Areas of the brain activated by vision, fear, word formation, moral thought, and genital stimulation.
Mice with depressive tendencies do not swim for long. They simply freeze, apathetically awaiting their fate. It seems inhibitory signals are transmitted more efficiently in their brains than motivational or driving impulses. Such mice also show a stronger reaction to stress. New antidepressants can normally be tested on these mice. If they swim for longer after receiving the medication, it is an indication that the substance under scrutiny might be effective.
Researchers in the team, led by the Irish scientist John Cryan, took this one step further. They fed half their mice with Lactobacillus rhamnosus (JB-1), a strain of bacteria known to be good for the gut. Back in 2011, the idea of altering the behavior of mice by changing the contents of their gut was very new. And, indeed, the mice with the enhanced gut flora not only kept swimming for longer and with more motivation, but their blood was also found to contain fewer stress hormones. Furthermore, these mice performed better in memory and learning tests than their unenhanced peers. When scientists severed their vagus nerve, however, no difference was recorded between the two groups of mice.
The vagus nerve is the fastest and most important route from the gut to the brain. It runs through the diaphragm, between the lungs and the heart, up along the esophagus, through the neck to the brain. Experiments on humans have shown that people can be made to feel comfortable or anxious by stimulating their vagus nerve at different frequencies. In 2010, the European Union approved a medical treatment that uses stimulation of the vagus nerve to help patients suffering from depressive disorders. So, this nerve works something like a telephone connection to the switchboard at a company’s headquarters, transferring messages from staff out in the field.
The brain needs this information to form a picture of how the body is doing. This is because the brain is more heavily insulated and protected than any other organ in the body. It nestles in a bony skull, surrounded by a thick membrane, and every drop of blood is filtered before it is allowed to flow through the regions of the brain. The gut, by contrast, is right in the thick of it. It knows all the molecules in the last meal we ate, inquisitively intercepts hormones as they swim around in the blood, inquires of immune cells what kind of day they’re having, and listens attentively to the hum of the bacteria in the gut. It is able to tell the brain things about us it would never otherwise have had an inkling of.

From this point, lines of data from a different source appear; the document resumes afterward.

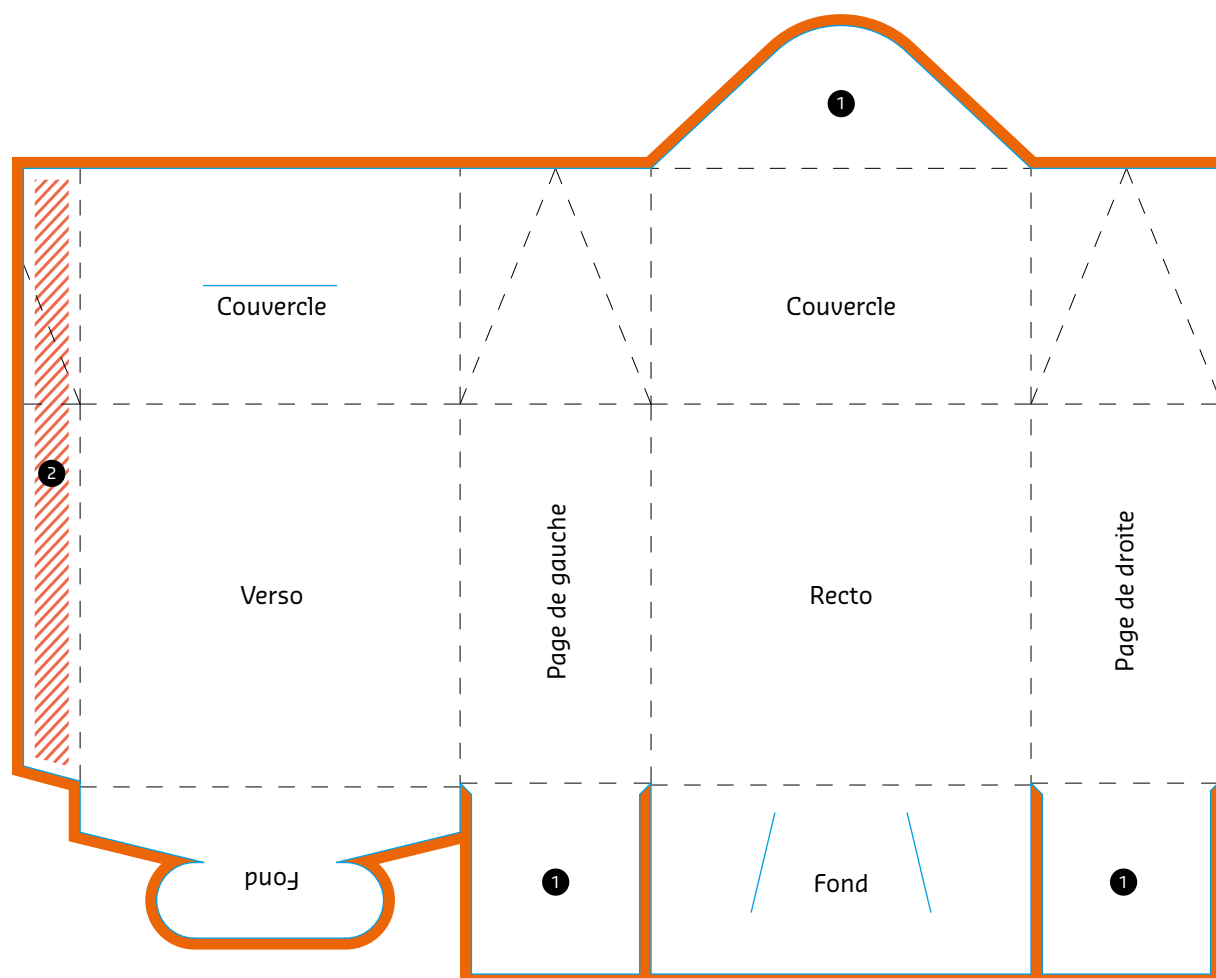

Boîte cadeau à soufflet, fond semi-automatique

- ① Patte
- ② Patte de collage

Ne pas supprimer la forme de poinçonnage SVP !

EXPLICATIONS

- Zone d'information**
 Cette zone indique l'espace prévu pour le placement des textes et des images.
- Fond perdu (3 mm)**
 Placez les fonds et les images à fond perdu dans cette zone supplémentaire afin d'éviter les bords blancs après la découpe.

- Zone neutre (surface adhésive)**
 Ne placez aucun élément de design dans cette zone.
- Trait de pli**
 Votre produit se pliera à cet endroit-ci.
- Trait de coupe**
 Votre produit sera plié à cet endroit-ci/coupé.

The gut has not only a remarkable system of nerves to gather all this information, but also a huge surface area. That makes it the body’s largest sensory organ. Eyes, ears, nose, or the skin pale by comparison. The information they gather is received by the conscious mind and used to formulate a response to our environment. They can be seen as life’s parking sensors. The gut, by contrast, is a huge matrix, sensing our inner life and working on the subconscious mind.
Cooperation between the gut and the brain begins very early in life. Together, they are responsible for a large proportion of our emotional world when we are babies. We love the pleasant feeling of a full stomach, get terribly upset when we are hungry, or grizzle and moan with wind. Familiar people feed, change, and burp us. It’s palpably clear that our infant self consists of the gut and the brain. As we get older, we increasingly experience the world through our senses. We no longer scream blue murder when we don’t like the food at a restaurant. But the connection between gut and brain does not disappear overnight, it simply becomes more refined. A gut that does not feel good might now subtly affect our mood, and a healthy, well-nourished gut can discreetly improve our sense of well-being.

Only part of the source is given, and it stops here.